• EXERCISE DIRECTIONS
Set down without change every line from the line that contains "See detailed parking" through the end of the listing, and only those lines. No pictures.

• MATERIAL PROVIDED
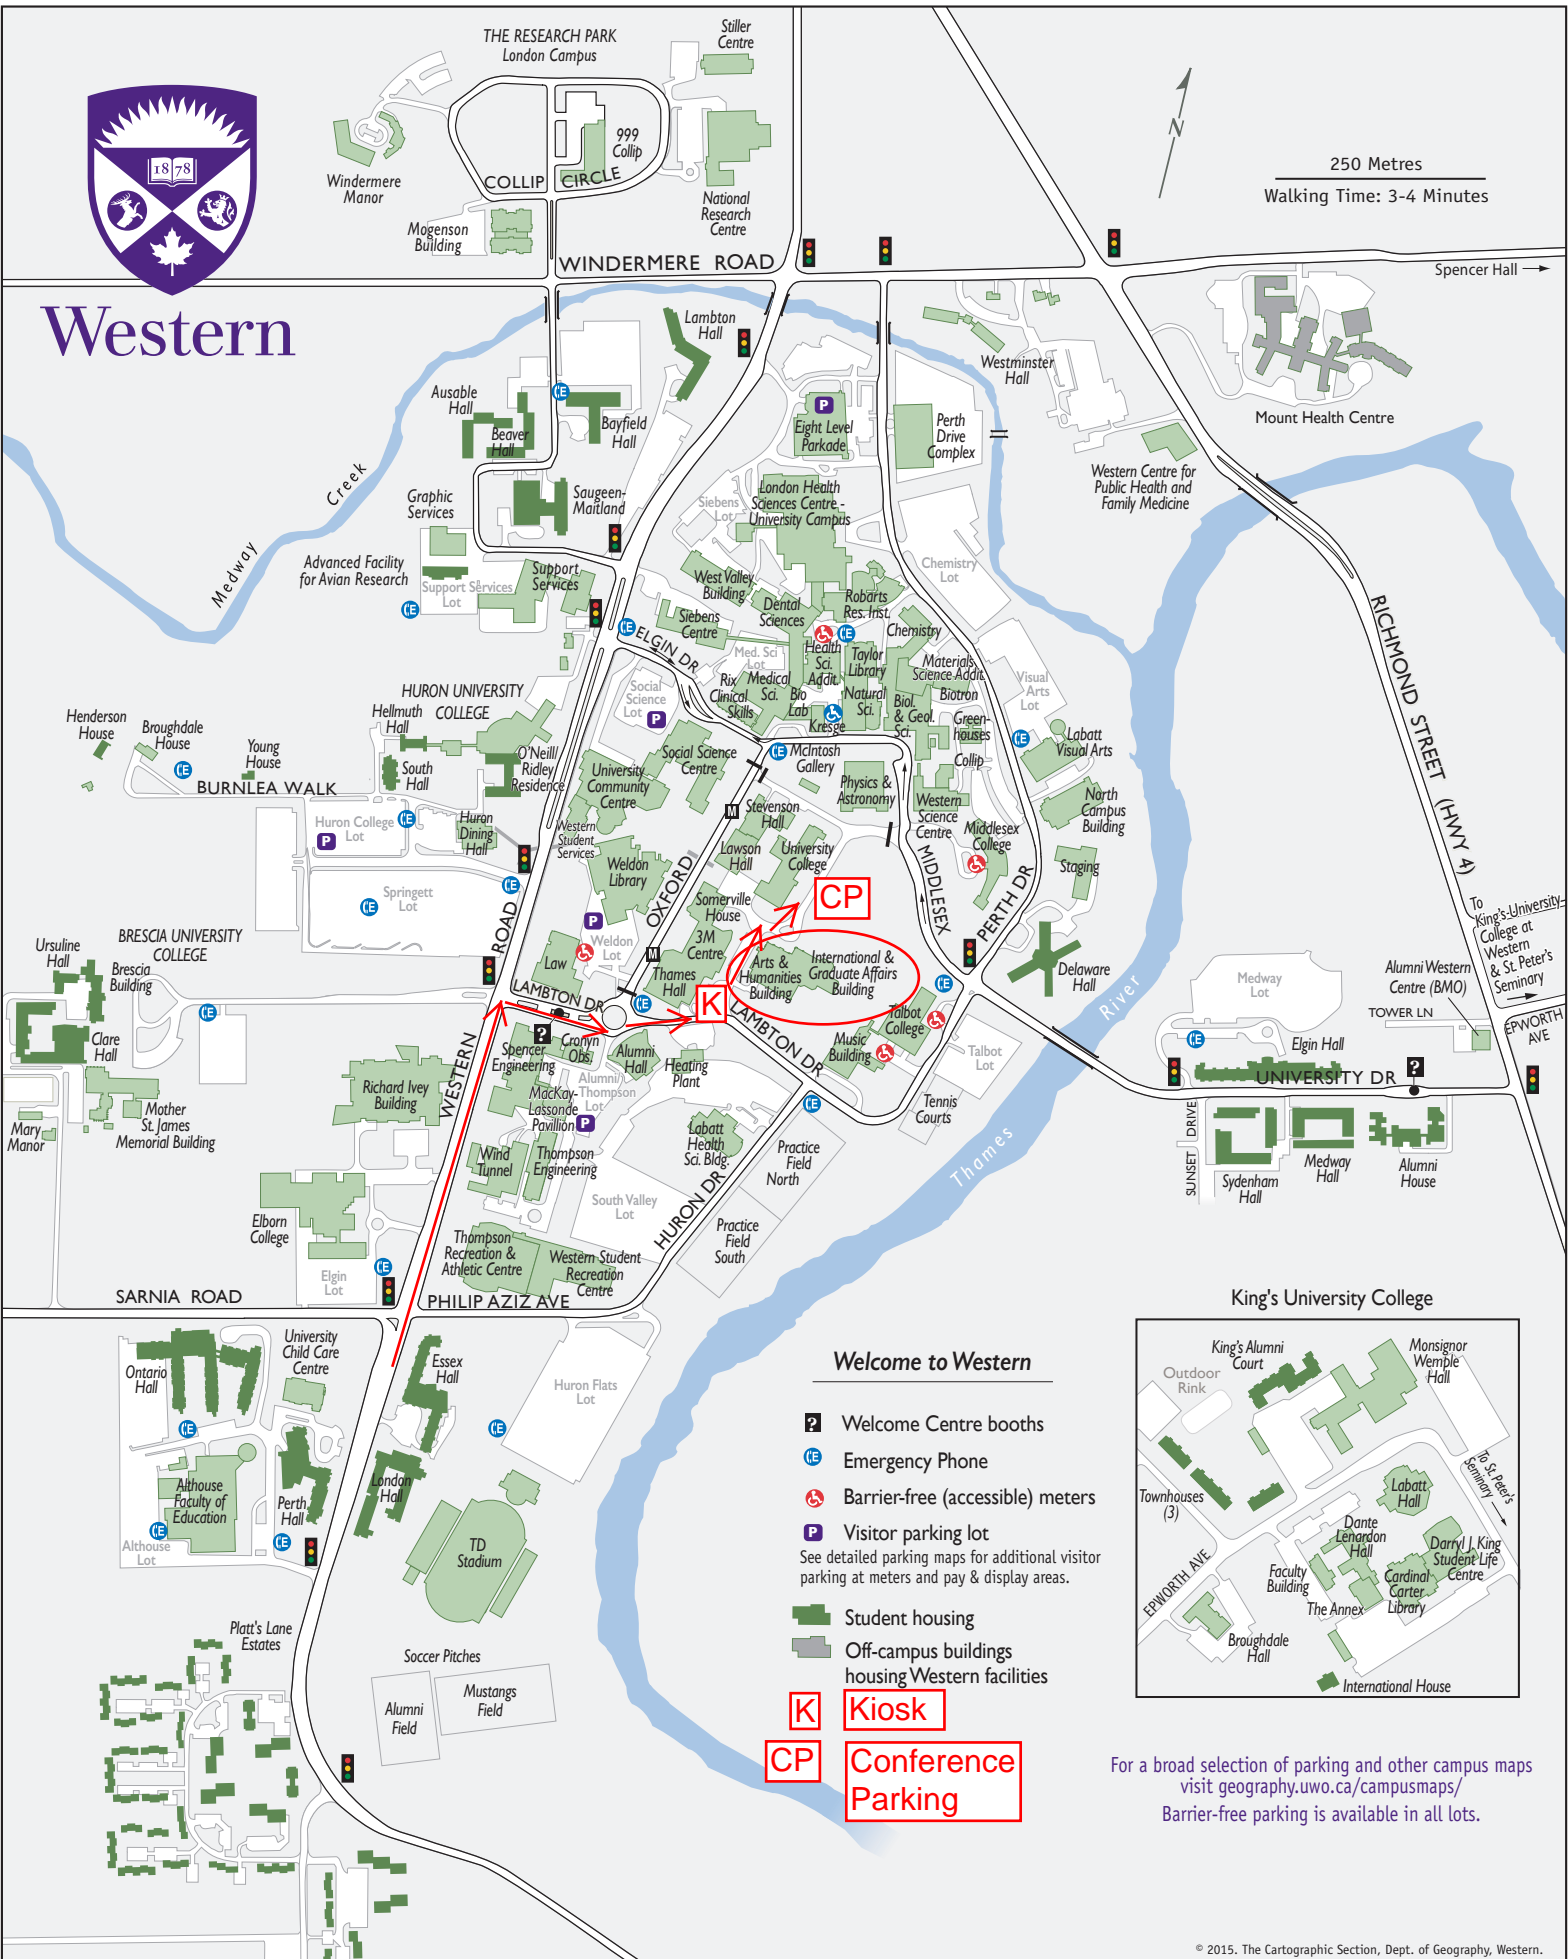

Western

Welcome to Western

- Welcome Centre booths
- Emergency Phone
- Barrier-free (accessible) meters
- Visitor parking lot
See detailed parking maps for additional visitor parking at meters and pay & display areas.
- Student housing
- Off-campus buildings housing Western facilities

K Kiosk
CP Conference Parking

For a broad selection of parking and other campus maps visit geography.uwo.ca/campusmaps/
 Barrier-free parking is available in all lots.
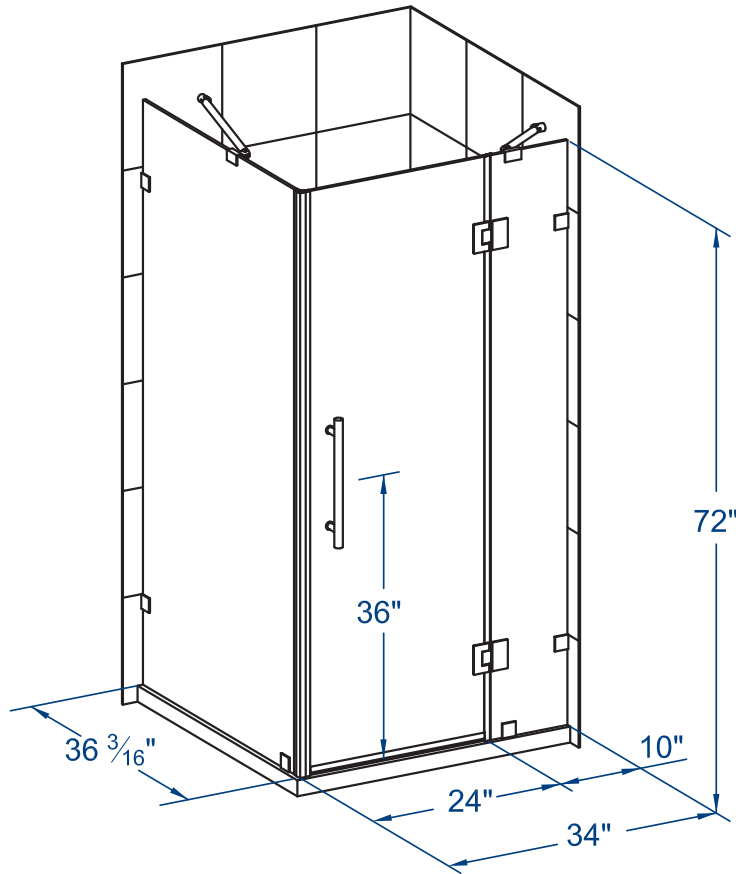

AVALUX

SEN987-3436-10

ASTON

COMPLETELY FRAMELESS HINGED SHOWER ENCLOSURE

FEATURES

COMPLETELY
FRAMELESS

REVERSIBLE
DOOR

CORNER
ALCOVE

• OUTPUT FOR THIS EXERCISE
See detailed parking maps for additional visitor parking at meters and pay & display areas.
- Student housing
- Off-campus buildings housing Western facilities

K Kiosk
CP Conference Parking

For a broad selection of parking and other campus maps visit geography.uwo.ca/campusmaps/
 Barrier-free parking is available in all lots.

AVALUX

SEN987-3436-10

ASTON

COMPLETELY FRAMELESS HINGED SHOWER ENCLOSURE

FEATURES

COMPLETELY
FRAMELESS

REVERSIBLE
DOOR

CORNER
ALCOVE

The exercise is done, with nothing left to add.